Variable (per patient) | CDI (n = 34) |
Diagnosis | |
AML | 31 (91) |
MDS | 3 (9) |
Gender | |
Male | 15 (44.1) |
Female | 19 (55.9) |
PPI therapy1 | 22 (64.7) |
Prior history of CDI | 5 (14.8) |
Receipt of chemotherapy2 | 31 (91) |
Type of chemotherapy | |
Cytarabine-based chemotherapy | 21 (61.7) |
DNA hypomethylating agent-based chemotherapy | 11 (32.3) |
Death/referral to hospice | 8 (23.5) |
Severity of CDI3 | |
Mild-moderate | 29 (85.2) |
Severe | 4 (11.7) |
Severe-complicated | 1 (2.9) |
Total number of CDI episodes during hospitalization | |
1 | 31 (91) |
2 | 3 (9) |
Recurrence of CDI | 4 (11.7) |
ICU admission | 8 (23.5) |
Bowel perforation | 0 |
Need for surgical intervention | 1 (3) |
Several factors were significantly associated with CDI when analyzed by hospital encounter (Table 2), including a lower albumin at the time of hospitalization (mean 2.8 g/dL in the CDI group vs 3.5 g/dL in the non-CDI group, P < 0.0001), prior history of CDI (P < 0.0001), receipt of any chemotherapy in within 30 d of hospitalization (92.1% in the CDI group vs 78.8% in the non-CDI group, P = 0.048), and receipt of cytarabine-based chemotherapy within 30 d of hospitalization (63.4% in the CDI group vs 45.5% in the non-CDI group, P = 0.015).

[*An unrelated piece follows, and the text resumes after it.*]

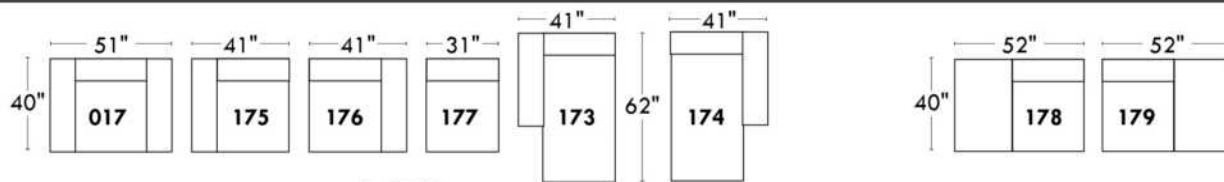

Items avec siège de 30" | Items with 30" seat

Variable | No CDI (n = 556) | CDI (n = 38) | Significance (P value) | No CDI (n = 189) | CDI (n = 34) | Significance (P value) |
Per encounter analysis | ||||||
Age on admission, mean (95%CI) | 58.4 (57.0-59.8) | 59.2 (54.6-63.9) | 0.77 | |||
Albumin level (g/dL) on admission, mean (95%CI) | 3.5 (3.4-3.5) | 2.8 (2.6-3.1) | < 0.0001 | |||
AML (vs MDS) diagnosis | 506 (91.0) | 35 (92.1) | 0.82 | |||
Male gender | 338 (60.8) | 18 (47.4) | 0.1 | |||
Female gender | 218 (39.2) | 20 (52.63) | 0.1 | |||
Use of PPI therapy1 | 206 (37.0) | 13 (34.21) | 0.73 | |||
Prior history of CDI | 15 (2.7) | 10 (23.32) | < 0.0001 | |||
Antibiotic use | 465 (84) | 31 (83) | 0.66 | |||
Any chemotherapy2 | 438 (78.8) | 35 (92.1) | 0.048 | |||
Cytarabine-based chemotherapy2 | 253 (45.5) | 25 (65.79) | 0.015 | |||
DNA hypomethylating agent-based chemotherapy2 (n) | 165 (29.7) | 11 (29.0) | 0.92 | |||
Other chemotherapy2 | 25 (4.5) | 0 (0) | 0.18 | |||
Death or referral to hospice | 82 (14.8) | 8 (21.05) | 0.29 | |||
Per patient analysis | ||||||
Total days of neutropenia during study period | 13.7 (11.3-16.0) | 21.6 (14.5-28.7) | 0.014 | |||
Total days of hospitalization during study period | 22.7 (19.9-25.5) | 40.8 (28.9-52.7) | < 0.0001 |
As some factors did not lend themselves to a per-hospital encounter analysis, we performed a per patient analysis (Table 2) for total days of neutropenia during the study period (mean 21.6 d in the CDI group vs 13.7 d in the non-CDI group, P = 0.014), and total days of hospitalization during the study period (mean 40.8 d in the CDI group vs 22.7 d in the non-CDI group, P = 0.005).
Our findings demonstrate a high incidence of CDI in our MDS and AML population with 15.2% of patients diagnosed with CDI during the 28-mo study period. This is comparable to previous reports. In a retrospective study of AML patients receiving chemotherapy, the incidence of CDI was 18%[13]. In another similar study, the incidence was 12%[14]. Within this overall high-risk group, we identified several factors associated with CDI. Specifically, CDI is significantly associated with low albumin level at time of hospitalization, prior history of CDI, receipt of any chemotherapy within 30 d of hospitalization, receipt of cytarabine-based chemotherapy within 30 d of hospitalization, total length of neutropenia and total length of hospitalization.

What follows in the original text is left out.